Basta-lhe tão só apelidar alguém de “fassista” para lograr
todos os objectivos incluídos. Até há
alguns anos apelidar alguém de “direita”, mesmo a torto e a direito, tinha o
mesmíssimo efeito deletério e dissolvente.
Agora carece de outro qualificativo mais contundente: “extrema”, já
serve, se hifenizado a “direita”.
Assim, alguém que recorde o passado não muito distante mas
acantonado à “longa noite fascista” e à ditadura e ainda à repressão e também
ao analfabetismo e à pobreza e à emigração e à mortalidade infantil elevada é
muito naturalmente um indivíduo de “extrema-direita”. Nada mais lhe assenta
senão essa fatiota de recorte neo-realista.

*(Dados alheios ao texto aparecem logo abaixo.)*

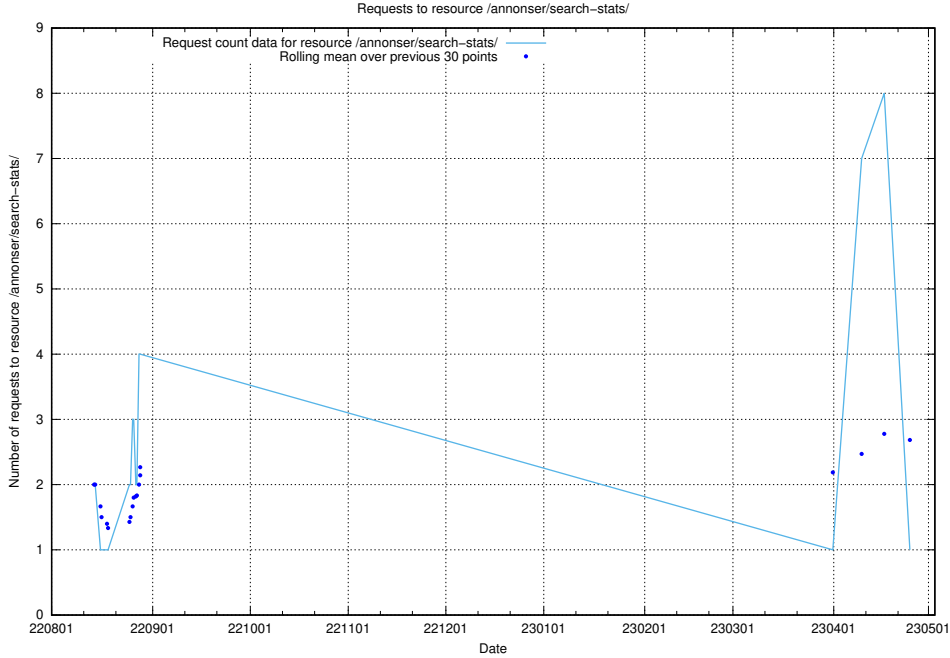

5.2324 Usage of /annonser/search-stats/

Here, we count the number of requests to resource /annonser/search-stats/.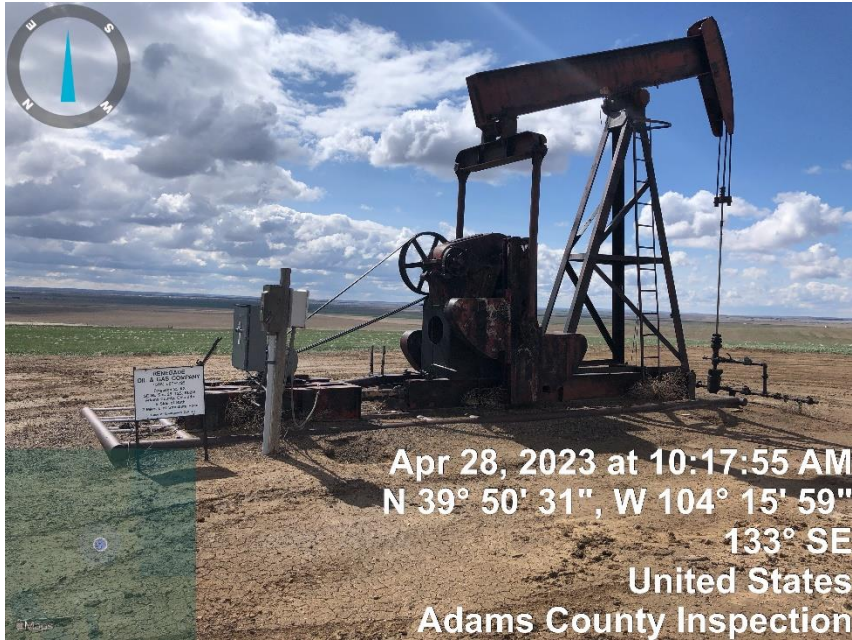

Inspection Photos
Location Name: Ferguson#3-25
Location ID: 319718

Photo#1 Pumpjack/Wellhead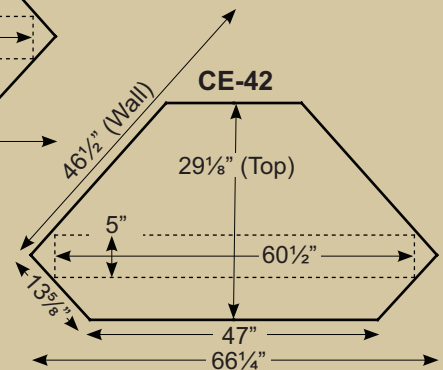

Height 25¼"

44" to wall

**CE-S38 in Cherry
Mission Style w/ Glass Doors**

Height 25¼"

36" to wall

**CE-S32 in Oak
Shaker Style w/ Glass Doors**

Specifications for all Corner Units (Stands and 2-piece)

CE-29

25⅝" (Top)

CE-38

29⅞" (Top)

CE-32

27⅞" (Top)

CE-42

29⅞" (Top)

Note: All sizes reflect top sizes using our 1317 crown. If other crowns are used, dimensions will change.

Corner *and* Flat Wall TV Stands

Featuring...
Flat Wall TV Stands
Corner TV Stands
Entertainment Centers

Height 25¼" • Width including top 60"

FWE-S60 in Brown Maple
Mission Style w/ Glass Doors
Painted Black w/ Natural Rub (OV 440-O)

Overall Size

Item #

FWX-SV60 19"D x 60"W x 32 $\frac{1}{2}$ "H

Overall Size

Item #

FWE-SV60 19"D x 60"W x 32 $\frac{1}{2}$ "H

Oceanside Dimensions

Overall Size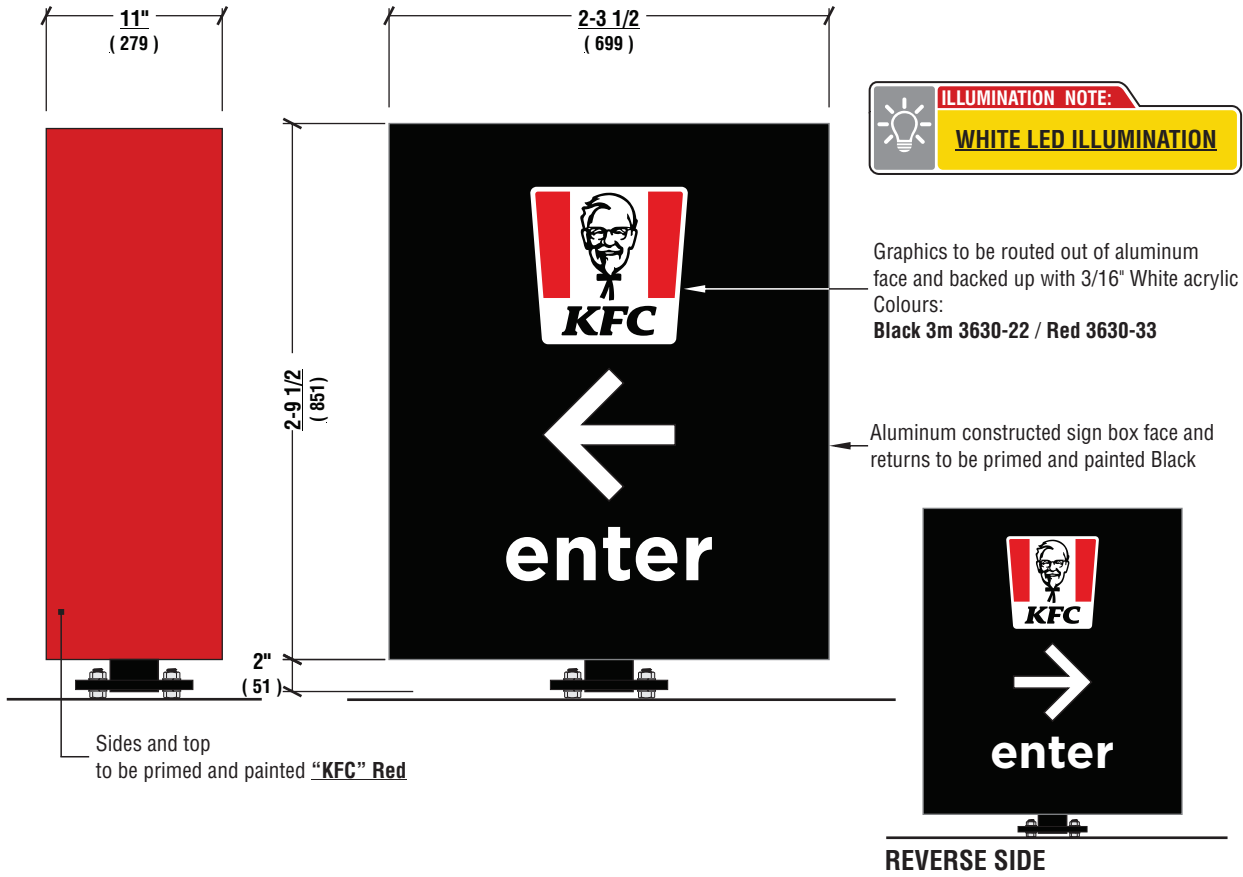

## Table of Contents

<b>DT1-19</b>	PYLON SIGN .....	p3
<b>DT2-19</b>	HEIGHT RESTRICTION BAR .....	p4
<b>DT3-19</b>	DIRECTIONAL SIGNS .....	p5
<b>DT5-19</b>	ORDER KIOSK .....	p6
<b>DT6-19</b>	MENU BOARD .....	p7
<b>DT7-19</b>	PREVIEW BOARD.....	p8
<b>DT8-19</b>	CANOPY ( Option 1 ).....	p9
<b>DT8-19</b>	CANOPY ( Option 2 ).....	p10
<b>DT9-19</b>	CHANNEL LETTERS .....	p11
<b>DT10-19</b>	COLONEL SIGN.....	p12
<b>DT11-20</b>	DIGITAL MENU BOARD (WALL MOUNT).....	p13
<b>DT12-20</b>	DIGITAL MENU BOARD (FREESTANDING).....	p14

**OPTIONS**

SIDE VIEW

FRONT VIEW

**SIZE MATRIX**

<b>A</b> 1500	<b>B</b> 4775
<b>A</b> 1200	<b>B</b> 3820
<b>A</b> 1000	<b>B</b> 3183
<b>A</b> 700	<b>B</b> 2228
<b>A</b> 600	<b>A</b> 1910
<b>A</b> 500	<b>B</b> 1592

**OPTIONAL:**

Faces can be Cardinal Red 3m 3630-53

Pre Finished Black aluminum letter coil returns

5mm White 7328 acrylic faces c/w 1" Black trim cap

Note:

**Letters illuminated with White LED**

- Aluminum constructed filler painted Black
- 1 1/4" wide aluminum frame and/or cover frame ( 2400 ) painted Black
- 3/16" White Lexan and/or White Flex face ( 2400 )
- White LED illumination

**SIZE MATRIX**

<b>A</b>	<b>B</b>	<b>Flex Face / Frameless Cover</b>
2400	2400	
<b>A</b>	<b>B</b>	<b>Lexan Face / Retainer</b>
1818	1818	
<b>A</b>	<b>B</b>	<b>Lexan Face / Retainer</b>
1525	1525	

- Samsung 46" Dual Portrait Display
- Aluminum constructed shell ( Black Finish )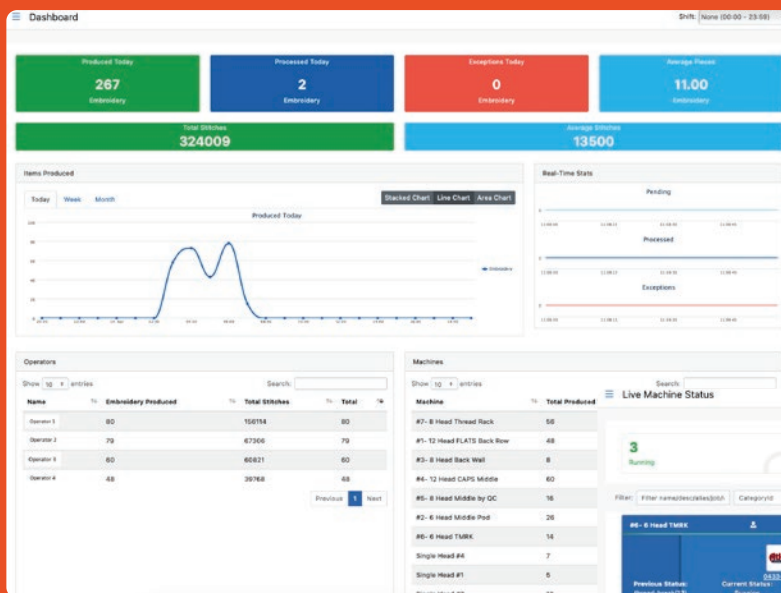

Improve Operator and Machine Performance

- Text and email notifications for events that affect machine downtime such as thread breaks, extended inactivity, and more.
- Detailed efficiency reports to identify any issues or inconsistencies.
- Motivate operators with performance metrics.

Other Benefits of Workflow Automation:

- TSoft has a dedicated and responsive support team to resolve any issues.
- Seamless integration of orders from any source.
- Greatly reduce labor and training costs.
- Easily connect PulseID to the E-commerce world to expand product offerings.

SaaS Pricing Model

- PulseID can be purchased through a Software as a Service (SaaS) pricing model, reducing upfront costs, and making it very affordable to start right away.
- The SaaS solution is hosted by Tajima Software so there's no need to deal with server costs and administration.
- PulseID is designed for scalability so that it will grow alongside your business.

Software to
Personalize
Anything!

www.tajimasoftware.com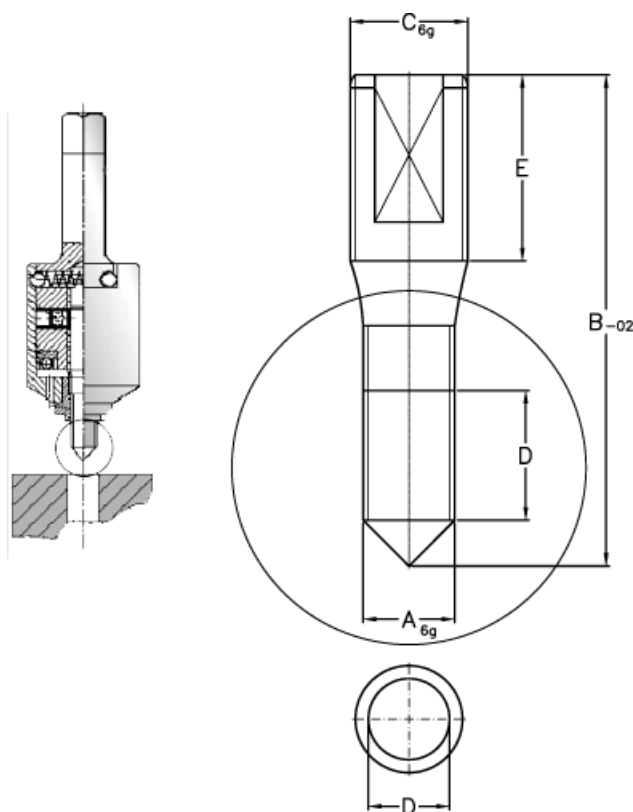

# Data Sheet

Article number: 12620000300700

Description: Threaded pin 620 000 300.700  
For M30

## Measures

A = M30  
B = 128.0  
C = M30  
D = 50.0  
E = 58

Se ainda por cima tal perigoso extremista se afadiga a
tentar demonstrar a singeleza anacrónica
de uma esquerda enquistada em paradigmas fossilizados e protegidos pelo ar do
tempo mediático, leva em cima do qualificativo outro ainda mais soturno: “ de
província” e redundado de saudosismo.
O saudosismo de valores vindos do tempo do tal “fascismo” com
algumas décadas e já obliterado na memória colectiva, sobrepõe-se como ideologicamente indigno do outro saudosismo em que vicejam e refocilam, vindo das calendas do séc. XIX
em que as massas se oporiam à burguesia para vencerem a batalha da luta de
classes, em cujo campo abandonado ainda se revêem.
É por mor da antiguidade que o posto do saudosismo
esquerdistas tem preponderância sobre os demais, que por isso mesmo são relegados
para o sítio odioso da “província”,
lugar de ancestral atraso na evolução ideológica e sítio de atavismos
garantidos.
Depois dessa primeira abordagem epistemológica surge uma
outra típica do raciocínio integralmente
jacobino em corolário de uma
esquerda desorientada no tempo e no espaço: “catolicismo integralista”.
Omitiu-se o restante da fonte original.